Arılar gibi kelebekler de renklere karşı doğuşsal bir eğilim sergilemektedirler (Weiss, 1997; Kelber, 1999; Kinoshita vd., 1999). Weiss (1997) Battus philenor’un sarı, daha az miktarda da mavi ve mor renge doğuşsal bir tercihi olduğunu göstermiştir. Papilio xuthus kelebeklerinde de dişi bireylerde sarı ya da kırmızı renkler doğuşsal olarak tercih edilmektedir (Kinoshita vd., 1999). Renkli görme deneylerinde de Papilio kelebeklerinin en hızlı öğrendikleri renkler bunlardır.
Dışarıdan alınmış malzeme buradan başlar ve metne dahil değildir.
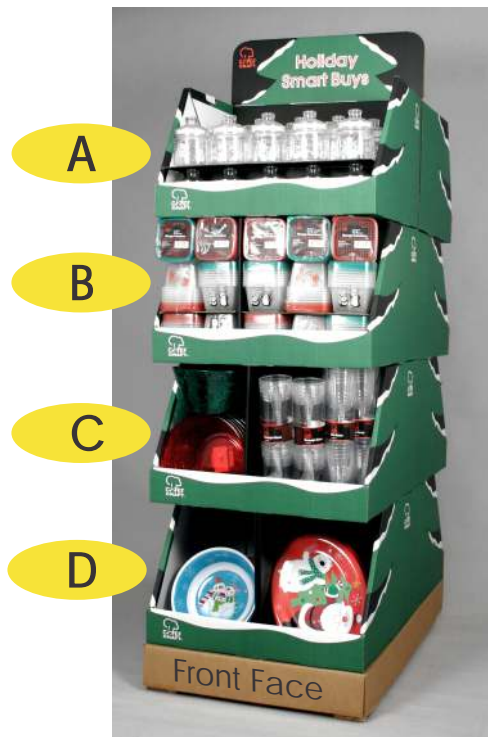

70802

Shipping included
Weight: 204#

11/16/2010

PO Box 370
Pewaukee, WI 53072-0370

Phone: (800) 628-3794
Fax: (800) 416-7448

E-mail: orders@chefcraft.com
Web Site: www.chefcraft.com

21499 Square Containers, as Shown
21498 Same as 21499 but
Round Containers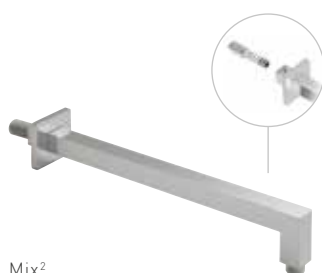

Mix²

Easy Fit Shower Arm

WG-EFSA/SQ-C/P
£100

Mix²

Fixed Head Ceiling Mounting
Arm 150mm (6")

MIX-CMA/150-C/P
£70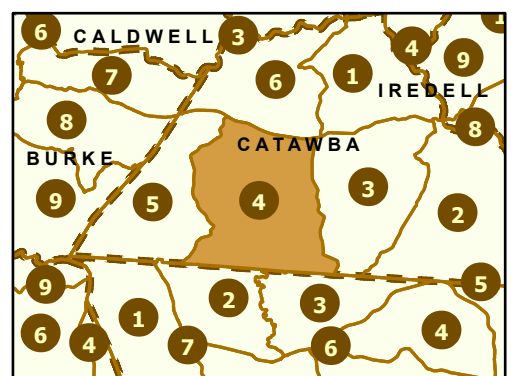

Maintenance Section 4 Catawba County

Only state-maintained routes are shown. Map updated in March 2024. For additional information, visit <https://connect.ncdot.gov/resources/State-Mapping/Pages/default.aspx>.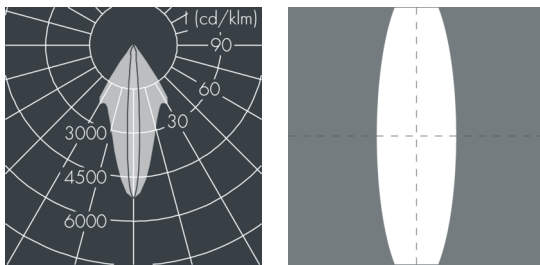

Monospot 3

8 903 056 229

36 W, 2829 lm, 3000 K warm white, 1-10V, linear, vertical 36° / 9°

Customized solutions and modifications are possible: Special RAL, DB or NCS colours as polyester powder coat, luminaires in 2700 K and other colour temperatures and versions for high ambient temperature.

Specification text

housing made of corrosion-resistant die-cast aluminum AlSi12, polyester powder coated by high-quality and UV-stabilized coating process, Colour: silver grey, all exterior parts are stainless steel, tempered safety glass, anti-reflective coating from 1 side, dark screenprint, silicon gasket, closure with 3 stainless steel screws, bracket: 2 long holes \varnothing 7 mm, spacing 30-40 mm, 1 centre hole \varnothing 17 mm, tilt range: 180°, cable gland: M20, connecting terminal: 5 pole, highly efficient faceted rotationally symmetrical reflector, integral driver (dimnable 1-10V), CRI > 80, max 2 SDCM, service life L90/B10 > 50.000 h, Beam angle (FWHM): 36° / 9°, luminous flux: 2829 lm, wattage: 36 W, delivered lumens 79 lm/W, protection type IP67, protection class I, impact resistance IK08, windage area 0,049 m², dimensions: \varnothing 175 mm, width 200 mm, weight 3 kg

Specification

Wattage	36 W	Beam angle (FWHM)	36° / 9°
Delivered lumens	79 lm/W	Housing colour	silver grey
Light source	LED 3000 K	Power supply cable	\varnothing 6 – 13 mm
Color Rendering Index	CRI > 80	Protection type	IP67
Colour tolerance	max 2 SDCM	Protection class	I
Lifetime ta 25° C	L90/B10 > 50.000 h	Impact resistance	IK08
Control gear	1-10V	Windage area	0,049m ²
Input voltage AC	110 – 240 V	Dimensions	\varnothing 175 mm, width 200 mm
Input voltage DC	190 – 250 V	Weight	3,00 kg
Voltage protection	4 kV L/N 5 kV L/PE	Max. ambient temperature ta	35°
Luminaires per B16A / C16A	30 / 51		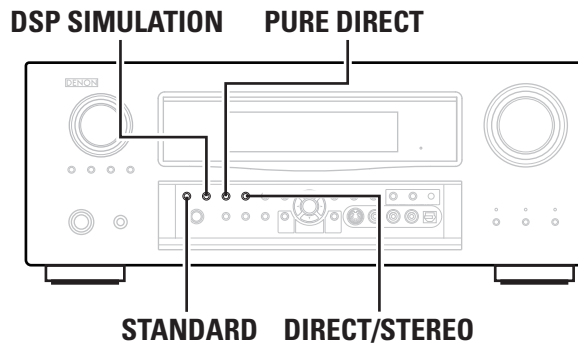

9 iPod

Make settings for "iPod" playback.

1. [Input source] **CD** **DVD** **HDP** **TV/CBL** **SAT** **VCR** **DVR**
   V.AUX

Repeat Mode

Make settings for repeat mode.

[Selectable items]

- **All** : Repeat all songs.
- **One** : Repeat the current song.
- **OFF** : Cancel repeat mode.

Shuffle Mode

Make settings for shuffle mode.

☐ When DENON control dock for iPod ASD-1R is connected

[Selectable items]

- **Songs** : Shuffle all songs.
- **Albums** : Shuffle songs from current album only.
- **OFF** : Cancel shuffle mode.

☐ When DENON control dock for iPod ASD-3N/3W is connected

[Selectable items]

- **ON** : Shuffle mode on.
- **OFF** : Cancel shuffle mode.

This can be selected for input sources for which "Assign" is assigned at the "iPod Dock" setting.

Surround Modes

Symbols used to indicate buttons in this manual

- Button located on both the main unit and the remote control unit → **BUTTON**
- Button only on the main unit → **<BUTTON>**
- Button only on the remote control unit → **[BUTTON]**

1 Standard Playback

This is the mode for enjoying surround sound according to the program source.

Surround Playback of 2-channel Sources

Selecting the surround mode

Select by pressing **STANDARD**.
The mode switches each time the button is pressed.

[Selectable items]

DOLBY PLIIx *
or
DOLBY PLII : The signals are decoded in DOLBY PLIIx or DOLBY PLII for playback.

DTS NEO:6 : The signals are decoded in DTS NEO:6 for playback.

* : DOLBY PLIIx can be selected when surround back speakers are being used.
DOLBY PLII can be selected when surround back speakers are not being used.

Select the mode to suit the source

Select the "Cinema", "Music", "Game" and "Pro Logic" modes at menu "Parameter" - "Surround Parameter" - "Mode" (page 41).

☐ **DOLBY PLIIx or DOLBY PLII**

Cinema : This mode is suited for movie sources.

Music : This mode is suited for music sources.

Game : This mode is suited for games.

Pro Logic : This is the Pro Logic playback mode. This can be selected when playing with a DOLBY PLII decoder. When this mode is selected, "DOLBY PL" is displayed.

☐ **DTS NEO:6**

Cinema : This mode is suited for movie sources.

Music : This mode is suited for music sources.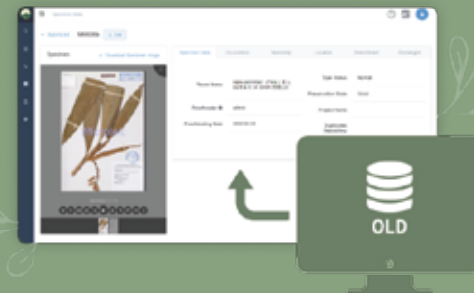

Over **40** clients worldwide choose our solution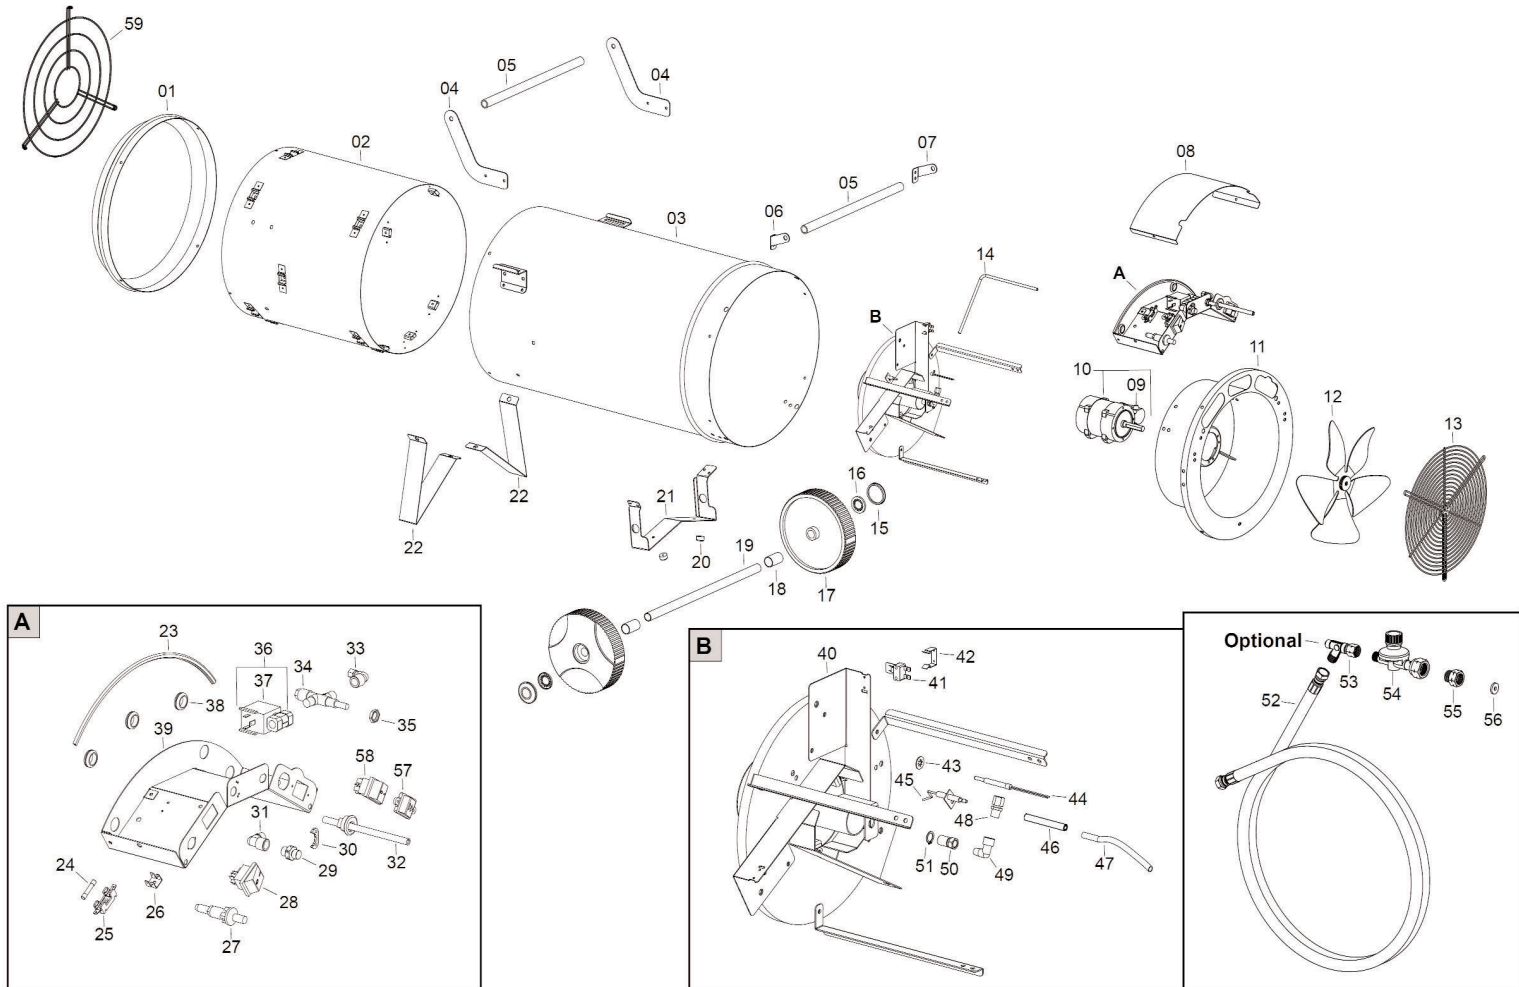

Parts Information:
Space Warmer® Propane Heater 166,546-370,934Btu/hr 110/230V
Model No: LP370

NOTE: It is our policy to continually improve products and as such we reserve the right to alter data, specifications and component parts without prior notice.

01284 757500

01284 703534

sales@sealey.co.uk

www.sealey.co.uk

Parts Information:
Space Warmer® Propane Heater 166,546-370,934Btu/hr 110/230V
Model No: LP370

Item	Part No.	Description
1	SW-G031463001	OUTLET CONE
2	SW-G03219	COMBUSTION CHAMBER
3	SW-G032203001	BODY
4	SW-G032219005	HANDLE SUPPORT
5	SW-G032229005	HANDLE
6	SW-G032239005	HANDLE SUPPORT
7	SW-G032249005	HANDLE SUPPORT
8	SW-G03225	TOP COVER
9	SW-E11218	CAPACITOR
10	SW-E10727	MOTOR
11	SW-G032263001	MOTOR FLANGE
12	SW-T10272	MOTOR FAN
13	SW-P30177	INLET GRILLE
14	SW-I42011	GAS HOSE
15	AB125P.35	WHEEL COVER
16	AB125P.34	WHEEL CAP
17	AB125P.33	WHEEL 197X42X20
18	SW-G03227	WHEEL SPACER
19	SW-G032289005	WHEEL AXLE
20	LP200.V4-99	RUBBER FOOT (19x10)
21	SW-G032299005	FRAME SUPPORT (BACK)
22	SW-G032309005	FRAME SUPPORT (FRONT)
23	SW-C30404	V-GASKET
24	SW-E10306	FUSE
25	LP200.V4-97	FUSE HOLDER
26	SW-M20616	TERMINAL BOARD
27	SW-T30604	PIEZO-IGNITOR
28	LP200.V4-68	SWITCH
29	SW-I30739	BRASS FITTING
30	SW-G03194	LOCK BRACKET

Item	Part No.	Description
31	SW-I20301	FITTING
32	SW-E30458	POWER CORD
33	LP200.V4-60	CONNECTOR 1/4"
34	SW-T30336	GAS VALVE
35	SW-T30337	NUT
36	LP200.V4-34	SOLENOID VALVE 1/4"
37	LP200.V4-35	SOLENOID COIL
38	SW-C30323	CABLE PROTECTION
39	SW-G032339005	SUPPORT PLATE
40	SW-G03232	COMBUSTION HEAD
41	LP200.V4-82	THERMOSTAT
42	SW-M20428	SUPPORT
43	SW-M20208	STAR WASHER
44	SW-E50505	THERMOCOUPLE
45	LP200.V4-58	IGNITION ELECTRODE
46	SW-I40317	PIPE
47	SW-E00390	H.T CABLE
48	SW-I30855	CONNECTOR
49	SW-I20302	FITTING
50	SW-I33017	NOZZLE
51	SW-M20317	CIRLIP
52	LP200.V4-69	GAS HOSE
53	SW-03AC504	FLOW-VALVE
54	SW-T30332GB	PRESSURE REGULATOR
55	SW-T30527	FITTING
56	SW-T30528	SEAL
57	LP200.V4-48	SWITCH
58	LP200.V4-96	SWITCH COVER
59	SW-P30181	OUTLET GRILLE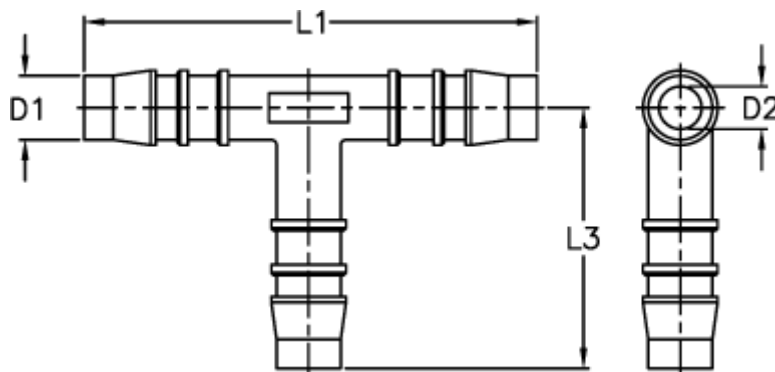

Article number: 027608900013

Description: Norma hose coupling TS 13

## Measures

---

D1 = 13

D2 = 8.6

L1 = 73.0

L3 = 36.0

Uyaranlar arasında ayırım yapılması istenilen bir deney öncesinde test edilecek olan hayvanların eğitiminde kullanılan yöntemlerin problemin çözümünde hangi stratejinin kullanılacağını belirlemede önemli bir rol oynadığı gösterilmiştir (Backhaus vd., 1987; Dyer ve Chittka, 2004a,b,c; Giurfa, 2004). Tekli (absolute) ve ikili (differential) eğitim prosedürleri kullanıldığında uyaranların işlenmesi ve öğrenilmeleri konusunda ortaya çıkan farklılıklar bu durumu çok açık bir şekilde göstermektedir. Tekli şartlandırmada denek hayvan tek bir uyarana besin ödüllü (+) ilişkilendirme şeklinde eğitilir. Ayırımsal şartlandırmada ise hayvan besin ödüllü bir uyaranı (+) ödülsüz bir uyarandan (-) ayırt etme yönünde eğitilir. Tekli şartlandırma prosedürü yalnızca bir uyaranın (+) özelliklerinin öğrenilmesini gerektirirken ayırımsal prosedür hem ödüllü hem de ödülsüz uyaranların özelliklerinin öğrenilmesini gerektirmektedir (bkz. Aksoy, 2007).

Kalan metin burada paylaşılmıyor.